Not content to settle for losing/destroying its passengers’ luggage, delaying/canceling their flights, or simply leaving them stranded well short of their “final destination,” United has taken customer service to a whole new level undreamed of by Samsung, Comcast or your friendly local DMV:

Just kick the shit out of the troublesome sonsabitches.

C’mon. You knew it was coming. United specializes in employing the unemployable, the sort of authority-mad misfit who can’t make it as a mall cop, Klan enforcer, or presidential press secretary.

Sooner or later one of United’s goons was going to segue from daydreaming of the good old days euthanizing puppies in Leach Field, Alabama, to siccing the dogs on some passenger who not only didn’t want to get boned, but wouldn’t even pull his pants down on command.

As usual, this pissy attitude trickles down from the top. CEO Oscar Munoz should be sentenced to flying coach for a few years to see how long it takes him to become “disruptive and belligerent,” and if he were to be “re-accommodated” by a size-13 boot to the balls, well, I don’t expect many United customers would shed a tear.

But y’know what? Fuck us and what we think. United stock actually closed up after all this bad noise. America’s commercial airlines are enjoying record profits (United made $2.3 billion in profits last year). Overbooking flights pays off.

So shuddup, siddown and enjoy our in-flight entertainment: a gladiatorial match featuring four passengers selected at random. If you’re lucky, we won’t “re-accommodate” you at our cruising altitude of 36,000 feet, the way we just did your luggage.

Two wheels good, four wheels bad

Some people call this "morning." They are misinformed.
Some people call this “morning.” They are misinformed.

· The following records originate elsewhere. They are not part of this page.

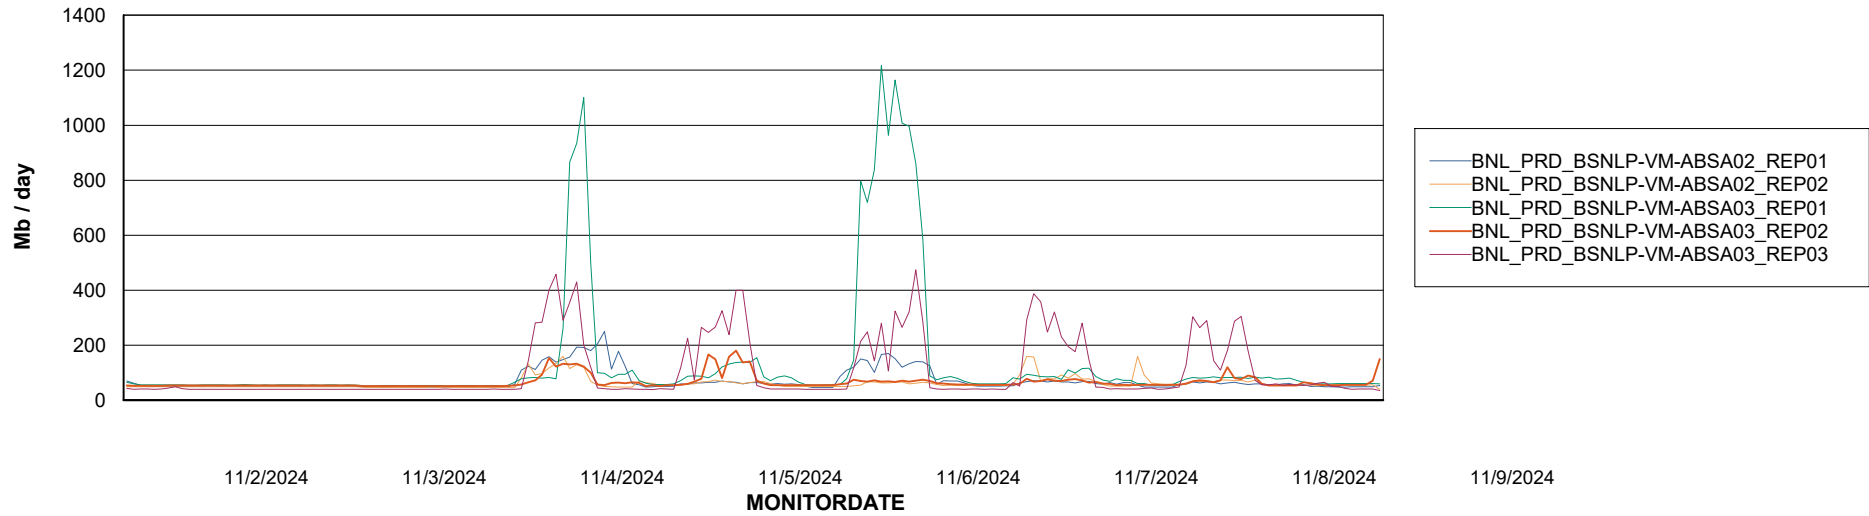

Avg memory used per ABS Server Service

Avg users per day per ABS server

Weekly SLA Customer Report

Customer BNL_Production
Database ID 83

ABSSolute Application ReportServer Services

Avg memory used per ReportServer Service

It was four wheels this morning. Bad.

Herself is off to Tennessee for a combo business/pleasure trip (a lab-librarians’ powwow in tandem with a visit to Herself the Elder), and then she’s zigzagging home via Colorado and Utah (running a half-marathon and maybe camping with a gal pal).

The leaves may be falling, but the roses are hanging on.
The leaves may be falling, but the roses are hanging on.

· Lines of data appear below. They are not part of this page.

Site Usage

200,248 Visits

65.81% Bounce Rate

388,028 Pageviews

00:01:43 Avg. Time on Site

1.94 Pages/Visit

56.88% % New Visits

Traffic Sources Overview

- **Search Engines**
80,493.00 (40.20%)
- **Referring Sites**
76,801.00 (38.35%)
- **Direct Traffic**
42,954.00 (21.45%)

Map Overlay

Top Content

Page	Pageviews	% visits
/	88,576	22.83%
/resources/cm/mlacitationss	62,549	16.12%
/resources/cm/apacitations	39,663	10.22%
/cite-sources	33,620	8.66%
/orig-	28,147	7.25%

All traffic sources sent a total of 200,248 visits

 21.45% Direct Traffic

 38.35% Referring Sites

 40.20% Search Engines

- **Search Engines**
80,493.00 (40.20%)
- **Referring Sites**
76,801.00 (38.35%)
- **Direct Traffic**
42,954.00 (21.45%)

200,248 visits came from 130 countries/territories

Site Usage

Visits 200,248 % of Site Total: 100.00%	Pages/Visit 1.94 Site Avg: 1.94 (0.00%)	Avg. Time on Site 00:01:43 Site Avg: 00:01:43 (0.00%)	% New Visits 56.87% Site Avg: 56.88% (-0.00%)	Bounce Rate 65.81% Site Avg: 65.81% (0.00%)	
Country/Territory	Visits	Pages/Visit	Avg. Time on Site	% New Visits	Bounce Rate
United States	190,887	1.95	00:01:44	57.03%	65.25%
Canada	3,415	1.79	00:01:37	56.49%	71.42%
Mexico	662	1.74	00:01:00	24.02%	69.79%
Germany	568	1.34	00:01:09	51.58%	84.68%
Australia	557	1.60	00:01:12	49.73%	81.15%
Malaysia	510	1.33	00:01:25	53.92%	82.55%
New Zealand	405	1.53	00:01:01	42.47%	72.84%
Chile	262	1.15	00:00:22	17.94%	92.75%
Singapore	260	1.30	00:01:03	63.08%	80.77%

Thus Your Humble Narrator was required to rise at dark-thirty to chauffeur ‘Er Ladyship to the Duke City airport.

I dislike driving anymore. I particularly dislike driving before the second cup of coffee, in the dark, surrounded by deranged ‘Burqueños who thought “the “Fast & Furious” flicks were drivers’ ed.

Still, we got there, and I got back, and there was this lovely rose waiting for me just outside the kitchen window.

It ain’t all bad, this early-morning stuff.